Using five different malts (a British crystal malt to add caramel notes; a Munich malt to enhance the malty base; a German rauch malt to bring smoky undertones; an English-grain black malt to provide rich color and a slightly roasted profile, and; a Scottish malt), the first stage of brewing Matt at Hair of the Dog happens in stainless steel dairy equipment. To create the strong flavor and alcohol content, brewers sparge the mixture (or push the good wort down to rinse the grain and keep soluble sugars up), ensure that the environment encourages evaporation, and use less water than they would with other brews. This creates a significant amount of leftover sugar from the grain, but fear not: it does not go to waste. Instead, Hair of the Dog uses the remaining components to create Little Dog: a beer with a similar character profile but with toned-down flavor and alcohol content.

HopsThe next step is adding the hops (magnum hops when brewing Matt) before the wort is cooled and the beer is pumped into upright fermenter tanks. After a week in these tanks, the liquid is then transferred to horizontal tanks for two weeks, which further conditions the brew. While most beers would be bottled at this point, Matt is put into Kentucky bourbon and Apple Eau de Vie barrels and then aged for two years in the casks.

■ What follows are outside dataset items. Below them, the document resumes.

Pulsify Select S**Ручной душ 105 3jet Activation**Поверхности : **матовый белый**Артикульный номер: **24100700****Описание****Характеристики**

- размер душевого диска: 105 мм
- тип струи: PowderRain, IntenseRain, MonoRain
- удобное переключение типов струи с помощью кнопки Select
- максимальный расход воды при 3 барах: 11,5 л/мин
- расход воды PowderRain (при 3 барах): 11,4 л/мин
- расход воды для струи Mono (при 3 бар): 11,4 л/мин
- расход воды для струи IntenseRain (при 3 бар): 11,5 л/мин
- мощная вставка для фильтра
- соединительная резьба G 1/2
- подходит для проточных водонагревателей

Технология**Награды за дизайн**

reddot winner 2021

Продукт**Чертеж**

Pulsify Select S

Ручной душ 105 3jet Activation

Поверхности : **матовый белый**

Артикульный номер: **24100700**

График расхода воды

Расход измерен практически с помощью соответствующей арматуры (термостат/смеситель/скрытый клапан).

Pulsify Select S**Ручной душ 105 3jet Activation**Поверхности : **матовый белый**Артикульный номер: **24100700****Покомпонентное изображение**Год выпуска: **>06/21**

FUN FACT: One of the first American breweries to use barrel-brewing methods, Hair of the Dog has been using casks since 1994. Over the last few years, barrel-aged beer has seen a huge increase in popularity as more and more people have been introduced to strong, intense brews.After a few years, the barrels are hosed off (to avoid getting dust in the beer), and the aged brew is pumped into a mixing tank. At this point, the beer is quite clear and free of sediment, as most of the residue has settled at the bottom of the casks. After the aged beer has been pumped into the mixing tank, a small portion of freshly brewed Matt is added in order to encourage carbonation after the bottling process.Hair of the Dog beer is bottled using a basic wine-filler; since it’s bottled in a non-carbonated state, no advanced machinery or counter-pressure is required. Then, brewers take turns operating the hydraulic, foot-operated capper before sending the freshly bottled beer to sit in a warm room, which causes the yeast to ferment. After a short stint in the warm room, Matt’s brewing process is finally over and the beer is ready for consumption.

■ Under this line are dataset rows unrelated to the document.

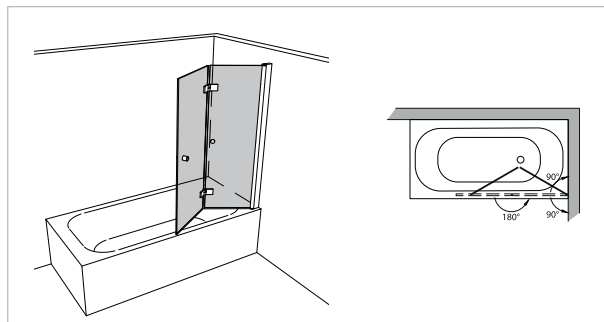

Modell 650

Unikat 650 DS15

Unikat 650 heiswing

Unikat 650 classic pendel

Varioswing 650

Griffleiste (Standard Unikat)

Doppelgriff gepuffert
(Standard Varioswing)

Faltwand, 2-teilig

- Zur optimalen Bedienbarkeit werden unsere unikat Faltlösungen im Standard mit einem Doppelgriff am Glas/Glas-Flügel ausgestattet

rahmenlos - unikat 650

ART. - BEZ.	UN650DS15	UN650HSW	-	UN650HPS	-	-
Ausstattung	DS15	heiswing	-	classic pendel	-	-
Funktion	pendel/falt	pendel/falt	-	pendel/falt	-	-
Flächenbündig	✓	✓	-	-	-	-
Hebe-Senk	✓	✓	-	-	-	-
Oberfläche Beschlag	Glanzchrom	Glanzchrom	-	Glanzchrom	-	-
Wandprofil statt Wandwinkel	-	-	-	-	-	-
Glasstärke (mm)	8	8	-	8	-	-
Breite (mm) bis	1.100	1.100	-	1.100	-	-
Höhe (mm) bis	1.500	1.500	-	1.500	-	-
Grundpreis						
Überhöhe bis 1.600	optional	optional	-	optional	-	-
Überhöhe bis 1.800	auf Anfrage	auf Anfrage	-	auf Anfrage	-	-
Überbreite¹	auf Anfrage	auf Anfrage	-	auf Anfrage	-	-
Schrägschnitt²	optional	optional	-	optional	-	-

teilgerahmt - unilight / varioswing 650

ART. - BEZ.	-	-	-	-	-	VS650
Ausstattung	-	-	-	-	-	varioswing
Funktion	-	-	-	-	-	pendel
Flächenbündig	-	-	-	-	-	-
Hebe-Senk	-	-	-	-	-	✓ (deaktivierbar)
Oberfläche Wandprofil	-	-	-	-	-	Aluminium Silber matt
Oberfläche Beschlag³	-	-	-	-	-	Glanzchrom
Glasstärke (mm)	-	-	-	-	-	6
Breite (mm) bis	-	-	-	-	-	1.200
Höhe (mm) fix	-	-	-	-	-	1.450
Grundpreis	-	-	-	-	-	
Wandprofil Hochglanz	-	-	-	-	-	optional
Individuelle Höhe bis 1.800	-	-	-	-	-	optional
Überbreite¹	-	-	-	-	-	-
Schrägschnitt	-	-	-	-	-	-
unilight express⁴	-	-	-	-	-	-

This is where another aspect of Hair of the Dog’s uniqueness comes into play. Their tasting room offers a menu filled with delicious plates, all of which pair perfectly with a variety of beers.

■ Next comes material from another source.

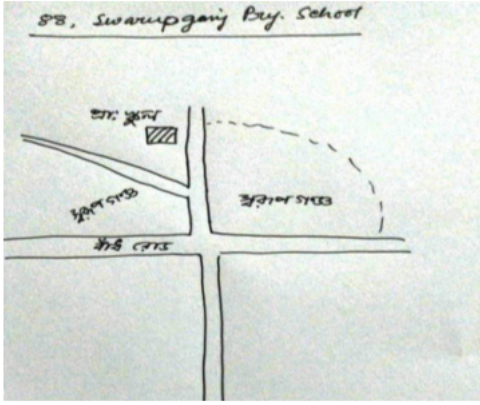

Nazri Naksha

One of founder Alan Sprints’ favorites is his famous Chuck Norris Duck Wings, which have a “mighty punch and a strong kick.” Infused with a variety of spices, the meaty duck wings are sautéed with spicy peppers and a variety of veggies before being marinated in Little Dog beer during a 3-hour slow cook in the oven. The resulting tender, smoky wings are served on a bed of herbs and paired with Doggie Claws brew. The sweet barley wine has strong pine and citrus flavors, along with caramel notes and cinnamon spiciness, which balances out the kick of the plate, and the malty qualities of both the beer and the duck create a perfectly symbiotic duo.

Other popular Hair of the Dog dishes include the brisket (cooked with Little Dog) and the ribs (marinated in Blue Dot). The first is paired with a strong, golden ale called Fred, which has toffee notes and a smooth finish. With 10 different hops, a high alcohol content, and Belgian candy sugar, the surprisingly light beer adds a delectable sweetness to the savory brisket. The ribs, on the other hand, are paired with Hair of the Dog’s double IPA, Blue Dot. The intense hoppy flavor of the brew and its fruity qualities create a new, mouth-watering twist to the dish.

All in all, Hair of the Dog offers some of the most distinct and inimitable brews and pairings. Their tried-and-true methods and their daring creativity make them, in our opinion, one of the top craft breweries in the nation.